Said Jerrold Grochow, MIT's vice president for information services and technology, "The MIT campus is home to over 20,000 personal computers and hundreds of high-performance servers.  Reducing energy consumption of these machines will help us in our goal of ensuring that MIT is an example of the best in efficient energy usage, something that is a cornerstone of our Institute-wide focus on energy research and practice initiatives. 

"These initiatives will have results far beyond the MIT campus in helping improve efficient energy consumption in all large organizations," he said.

Bill Weihl, head of energy strategy at Google, said: "As a former MIT professor, I know first-hand the creativity and innovation that MIT can bring to bear on critical problems like the climate crisis.  We are delighted to have them join us in this important initiative to reduce energy consumption from computers. Their commitment to energy efficiency helps set a standard for others to follow."

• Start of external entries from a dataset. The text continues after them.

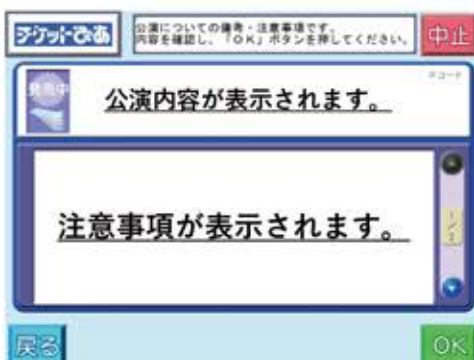

⑥ 備考・注意事項をご確認ください
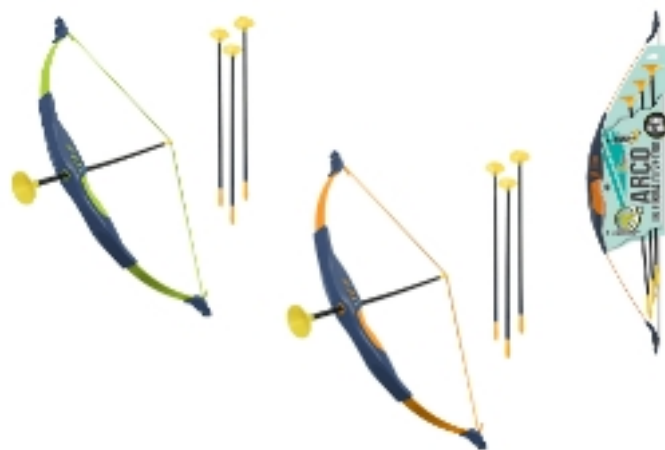

# JUNIOR SPORT

851140 ARCO 3 FRECCHE BL

Imballo:  
1 12 12

836256 ARCO FIBRA DI VETRO CM.76 4850091

Imballo:  
1 6 24

836156 ARCO SET PIEGHEVOLE C/3 FRECCHE 4850081

Imballo:  
1 18 18

836245 BASEBALL MAZZA EVA C/PALLA.CM.60 ASS 4500021

Imballo:  
1 24 24

810629 BASEBALL MAZZA LEGNO CM.60 42433A

Imballo:  
1 12 12

810455 BASKET CANESTRO C/PALLA CM.28

Imballo:  
3 12 48
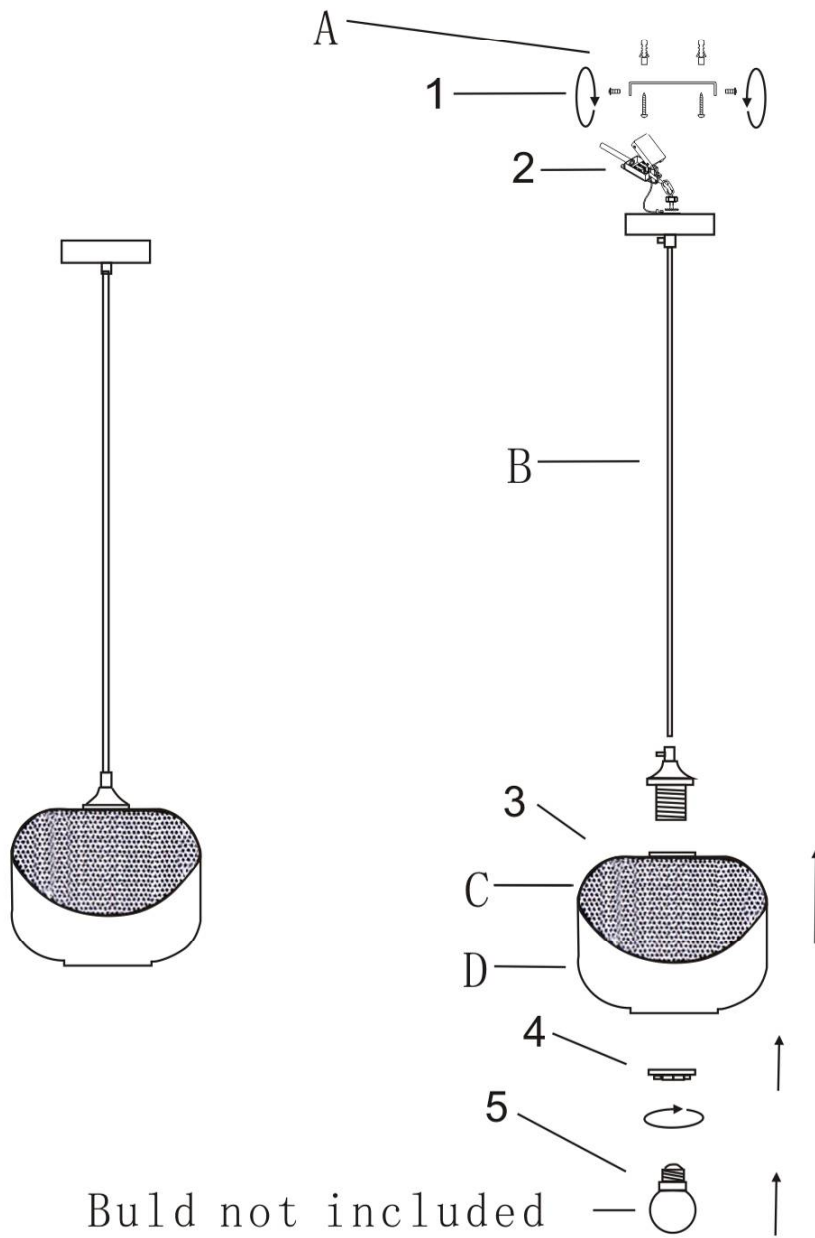

KARE

DESIGN

56558 Pendant Lamp

NO	A	B	C	D
TYPE				
QTY	1	1	1	1
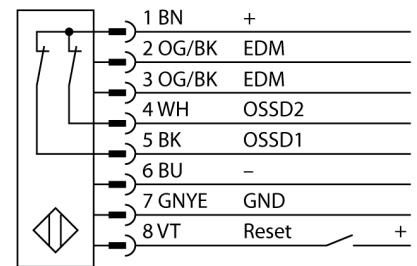

人身安全，光幕  
接收器  
SLPR14-550

- 人身安全 等级4级, 请参考 EN ISO 13849-1:2008
- 4级 依据IEC 61496-1,-2
- SIL 3 符合IEC 61508
- 电气连接通过RDLP-8打开终端或DELPE-8带8针M12针头接插件
- 防护等级IP65
- 扁平外壳无盲区
- 通过DIP开关调节
- 分辨率会降低
- 防水功能
- 工作电压:24 VDC ± 15 %
- 分辨率 14 mm
- 扫描区域550 mm (L1)

型号	SLPR14-550
货号	3083646
工作模式	反光板
Optical resolution	14 mm
最大检测范围 [mm]	0...7000 mm
Detection zone height	550 mm
环境温度	0...+55 °C
工作电压	20...28VDC
漏波纹	< 10 % U <sub>ss</sub>
无激励电流损耗	≤ 150 mA
空载电流 I <sub>0</sub>	≤ 275 mA
短路保护	是
反极性保护	是
输出性能	2路常闭, 双路PNP输出
电流输出	0...500mA
响应时间	< 16.5 ms
设计	方型, EZ-Screen LP
尺寸	26x 28x 549 mm
外壳材料	金属, 铝, 黄
镜头	塑料, 丙烯酸
连接	接插件
防护等级	IP65
工作电压指示	LED指示灯 绿
开关状态指示	2色LED 红

接线图

功能原理

高等级安全光幕式发射端与接收端集成在一起, 无盲区。在同步光电系统中, 配线是多余的。安全开关的输出信号直接与负载继电器相连, (例如:IM-TA9A)能直接关闭设备运转。双通道开关输出设备, 双中央处理器, 完全符合人身安全防护标准ISO 13849-1。

人身安全，光幕  
接收器  
SLPR14-550

**TURCK**

Industrial  
Automation

附件

型号	货号		尺寸图
LPA-MBK-11	3082841	安装支架，保护帽，14ga不锈钢，黑色，360°可旋转，包含2 pcs 螺母	
LPA-MBK-12	3082842	安装支架，侧面安装，14ga不锈钢，黑色，+10°/-30°可旋转，包含1 pcs 螺母	
LPA-MBK-20	3082853	安装支架，墙面安装，12ga不锈钢，黑色，兼容LPA-MBK-11，包含1 pcs 螺母	
LPA-MBK-22	3082844	安装支架，墙面安装，14ga不锈钢，黑色，兼容LPA-MBK-11，包含2 pcs 螺母	
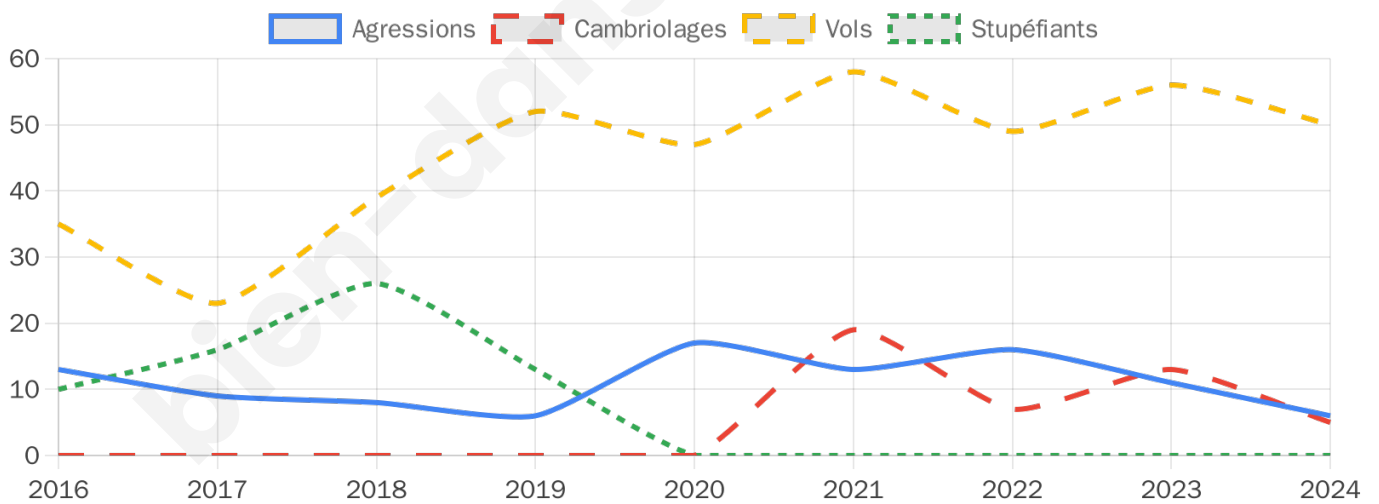

2 353 inscrits

Participation : 74.63%

Votes blancs : 1.25%

Votes nuls : 0.63%

Second tour

	Emmanuel MACRON	50,67 %
	Marine LE PEN	49,33 %

2 354 inscrits

Participation : 70.43%

Votes blancs : 8.02%

Votes nuls : 2.23%

Sécurité

Agressions physiques / sexuelles

6

Cambriolages

5

Vols / dégradations

50

Stupéfiants

0

Evolution du nombre d'infractions

Pour comparer

(en proportion du nombre d'habitants)

Sources : Bases statistiques communale, départementale et régionale de la délinquance enregistrée par la police et la gendarmerie nationales selon les dernières parutions officielles de 2025 portant sur l'année 2024 ([data.gouv](https://data.gouv.fr)).

"Today, the average desktop PC wastes nearly half of its power, and the average server wastes one-third of its power," said Urs Hölzle, Google's senior vice president for operations and Google Fellow. "The Climate Savers Computing Initiative is setting a new 90 percent efficiency target for power supplies, which if achieved, will reduce greenhouse gas emissions by 54 million tons per year--and save more than $5.5 billion in energy costs."

"We are asking businesses and individuals throughout the world to join with us to institute better power management of their computing equipment and purchase energy-efficient computers," Hölzle added. Already more than 30 organizations, including MIT, have joined the initiative.

The initial companies who intend to participate in the initiative represent both the demand and supply side of the computer industry, including computer manufacturers and chip makers, as well as universities, environmental groups, energy companies, retailers, government agencies and others. The group will formalize its membership in coming weeks.

"By 2010, the Climate Savers Computing Initiative will cut greenhouse gas emissions in an amount equal to removing more than 11 million cars from the road or shutting down 20 500-megawatt coal-fired power plants--a significant step in reducing the emissions affecting our planet," said Pat Gelsinger, senior vice president and general manager of Intel's Digital Enterprise Group.

"Computers have helped us make huge strides toward a more efficient world today, with reduced travel, more productivity, online transactions and more," Gelsinger added. "But with today's latest energy-efficient technologies, we can do even more. The commitment of the member companies that are here with us today is a firm statement to the collective resolve to make an enormous impact."

Computer and computer component manufacturers who support the initiative are committed to building energy-efficient products that meet or surpass the Environmental Protection Agency's Energy Star® guidelines. Businesses must also commit to requiring high-efficiency systems for the majority of their corporate desktop PCs and volume server purchases and to deploy and use power management tools on desktop PCs.

Individual consumers can also support the Climate Savers Computing Initiative by signing up at www.climatesaverscomputing.org, where they will be able to pledge to purchase an initiative-certified system. The web site will also help consumers learn how to take advantage of their existing computer's power-saving capabilities such as sleep and hibernate modes, which can reduce the amount of energy consumed by up to 60 percent.